[Dataset items]
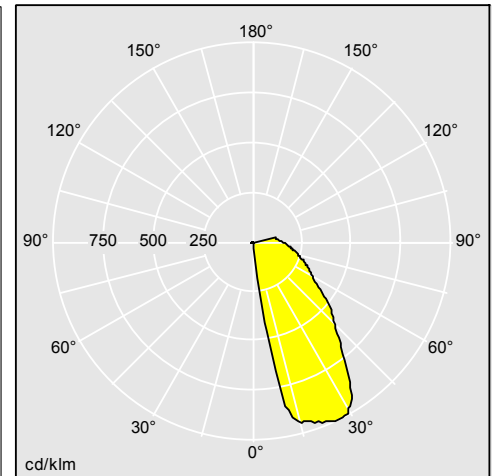

Jalon

A small and efficient wall recessed luminaire for outdoor and indoor guidance

- Suitable for outdoor and indoor pathways and stairs with wide asymmetrical light beams from small dimensions (71x108mm)
- Choice of vertical or horizontal versions and two colour temperatures
- Available complete with integral driver, LED light source and recessed box. The recessed box can also be ordered separately
- Polystyrene protection of the housing opening during installation

Photographs, line drawings and photometric data are representative only. For specific product detail please select an individual product.

96271421

Material/Finish

Body front: die-cast aluminium, painted sanded dark grey (close to RAL 9007). Silver grey (close to RAL 9006) and white (close to RAL 9003) available on request (minimum order of 10 pieces). Other RAL colours available on request (minimum order of 50 pieces).

What this task involves
Take the line containing "- Available complete" as the start and the last line of the data as the end, and reproduce that range exactly.

Written response
- Available complete with integral driver, LED light source and recessed box. The recessed box can also be ordered separately
- Polystyrene protection of the housing opening during installation

Photographs, line drawings and photometric data are representative only. For specific product detail please select an individual product.

96271421

Material/Finish

Body front: die-cast aluminium, painted sanded dark grey (close to RAL 9007). Silver grey (close to RAL 9006) and white (close to RAL 9003) available on request (minimum order of 10 pieces). Other RAL colours available on request (minimum order of 50 pieces).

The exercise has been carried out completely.